Real-Time Procedural Learning From Experience for AI Agents
Dasheng Bi, Yubin Hu, Mohammed N. Nasir
TL;DR
Real-world AI agents must acquire procedural knowledge after deployment in dynamic environments. The paper introduces PRAXIS, a lightweight state-dependent procedural memory that stores local interaction traces and retrieves them by jointly matching environmental and internal states, integrating it into the Altrina web agent. Evaluated on the REAL web-browsing benchmark, PRAXIS yields consistent improvements in accuracy, reliability, and efficiency across multiple backbone models and shows preliminary generalization to unseen tasks. The results demonstrate that state-dependent procedural recall provides reusable, context-grounded priors that enhance robust, adaptive web automation and potentially broader agentic applications.
Abstract
Learning how to do things from trial and error in real time is a hallmark of biological intelligence, yet most LLM-based agents lack mechanisms to acquire procedural knowledge after deployment.
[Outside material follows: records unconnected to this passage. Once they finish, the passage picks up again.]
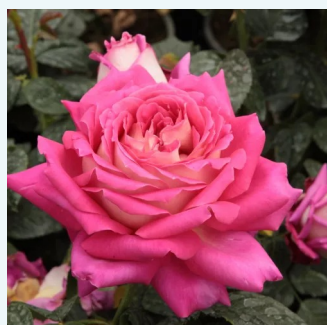

Rosa Tanger™

purpurna boja sa bijelim rubovima - Ruža
čajevke
50-150 cm
diskretni miris ruže - -
Pedro (Pere) Dot
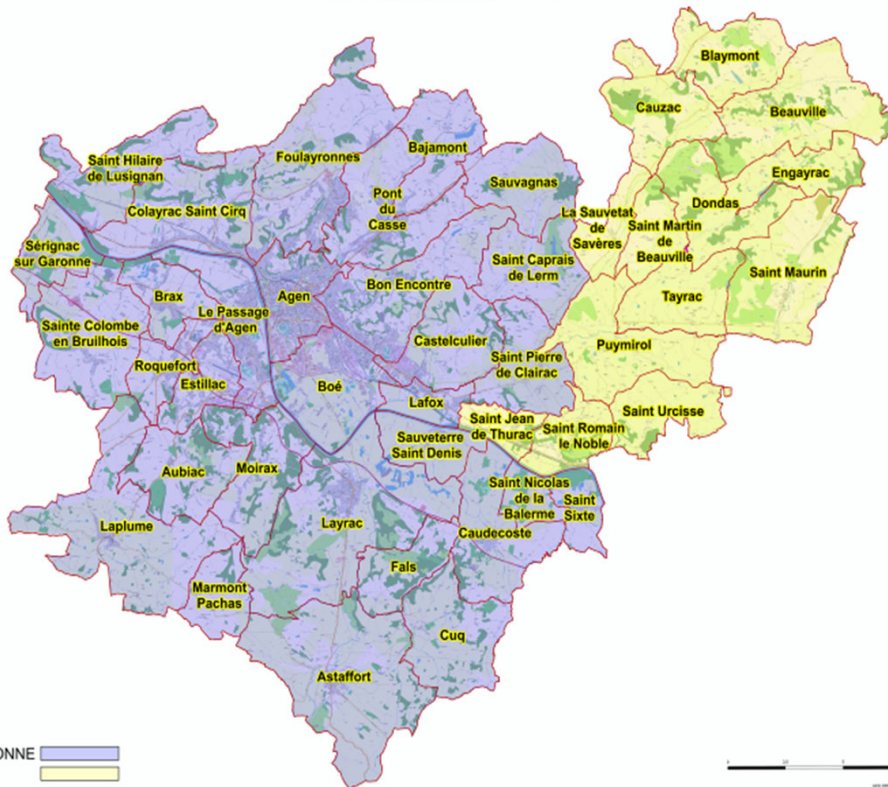

Carte périmètre eau potable

-- Périmètre AEP

EAU DE GARONNE
EAU47

Toutes les communes en bleu prestataire
Eau de Garonne

eau
GARONNE

Toutes les communes en jaune prestataire
SAUR

saur
France
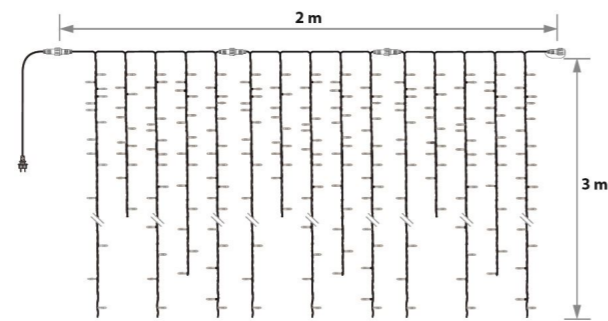

20SG -- JOYLIGHT® led SlowGlow-230V-2x3m

Animation	Décoration
Slowglow	--

Code	20SG
Type de décor	Guirlandes professionnelles et accessoires
Dimensions (m)	Haut. : 3 Larg. : 2
Tension des guirlandes (V)	230
Puissance (W)	15
Alimentation	Standard
Poids (Kg)	2.5
Nb fixations	---
Nb points lumineux	180
Luminosité (lumens)	583.2
Ratio Nb points lumineux / Puissance	12
Classe électrique	2
Indice d'étanchéité IP	IP66
Couleurs dominantes	Blanc pur
Nb Raccord Max	12

Bilan énergétique	
Surface totale (m2)	---
Surface utile (m2)	---
S x Cx	---
Bilan Carbone* (équivalent kg CO2)	--
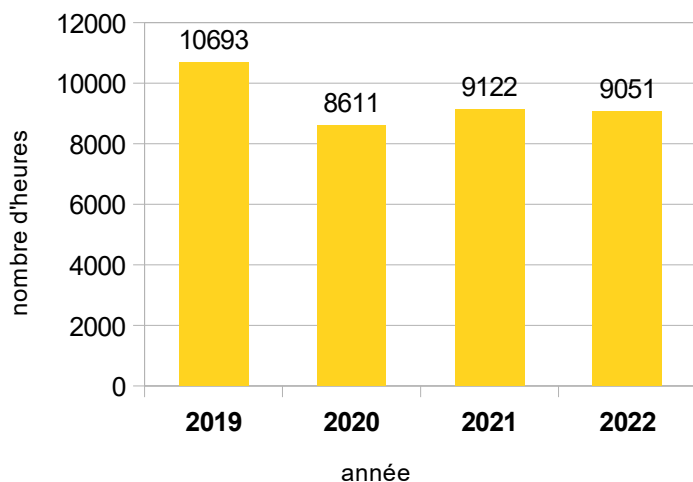

Fréquentation la Ruche Toussaint

Fréquentation la Ruche Toussaint

La Ruche Hiver 2022

- sortie patinoire à Bernex
- sortie luge à Bernex
- sortie randonnée en raquette à Bellevaux

Fréquentation de la Ruche Hiver

Fréquentation la Ruche Hiver

La Ruche Printemps 2022

- sortie Filenvol à Monnetier-Mornex
- sortie minigolf à Amphion

Fréquentation La Ruche Printemps

Fréquentation la Ruche Printemps

La Ruche Eté 2022

- sortie plage d'Amphion en juillet et en aout
- sortie plage à Excennevex
- sulky à Amphion
- présence lors du tour de France à Marin
- sortie au parc de jeux à Publier
- visite du pré-curieux à Evian
- sortie à la ferme pédagogique dAllinges

Fréquentation de la Ruche Eté

Éléments pour apprécier la situation :

Les années passent et se ressemblent.

La Ruche accueille d'année en année toujours plus d'enfants. Quand bien même, nous réduisons nos jours d'ouverture, le nombre d'heure de fréquentation augmente légèrement. La commune de Marin et le territoire sont attractifs. Familles Rurales a anticipé l'avenir qui nous attends en investissant dans un logiciel permettant de nous simplifier les inscriptions et les règlements. Le contexte reste le même.

Notre projet de 2021 de faire passer la capacité d'accueil des moins de 6 ans de 16 enfants maximum à 20 enfants est une réussite.

Nous avons ainsi accueillis jusqu'à 23 enfants de moins de 6 ans le 22 juillet, et une moyenne de 16 enfants par jour en juillet et 11 enfants par jour en août.
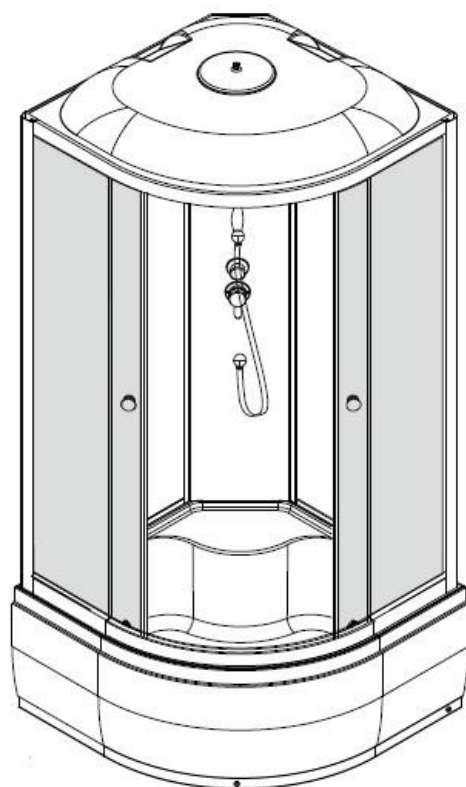

[www.DETO.su](http://www.DETO.su)

продажа, доставка, монтаж.

+7 (495) 943-03-13, почта: info@deto.su

8(800) 511-48-74

Инструкция к душевой кабине [Deto L780](#)

 <b>A1</b>	 <b>A2</b>	 <b>A3</b>	 <b>A4</b>	 <b>A5</b>
 <b>A6</b> <b>X4</b>	 <b>A7</b>	 <b>A8</b>	 <b>A9</b> <b>X4</b>	 <b>A10</b>
 <b>A11</b>	 <b>A12</b>	 <b>A13</b>	 <b>A14</b>	 <b>A15</b>
 <b>A16</b>	 <b>A17</b>	 <b>A18</b>	 <b>A19</b>	
			<b>ST4X50=8</b> <b>ST4X10=32</b> <b>ST4X12=8</b> <b>ST4X12=4</b> <b>M4X25 =2</b>	
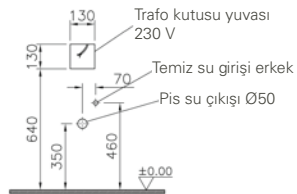

5128B003-5331

Kod: 5330**Ağırlık (kg):** 19,1**Malzeme:** Vitreous China**Renk:** 003 Beyaz**Renk seçenekleri:**

003

Beyaz

095

Pergamon

Üstten su girişli pisuar seçeneği için
vitra.com.tr adresinden yararlanabilirsiniz.

We propose Procedural Recall for Agents with eXperiences Indexed by State (PRAXIS), a lightweight post-training learning mechanism that stores the consequences of actions and retrieves them by jointly matching environmental and internal states of past episodes to the current state. PRAXIS augments agentic action selection with retrieved state-action-result exemplars that are generated in real time. When evaluated on the REAL web browsing benchmark, PRAXIS improves task completion accuracy, reliability, and cost efficiency across different foundation model backbones, and shows preliminary generalization to unseen tasks in similar environments. These results demonstrate that PRAXIS enables the practical adoption of AI agents in fast-evolving stateful environments by helping them learn new procedures effectively.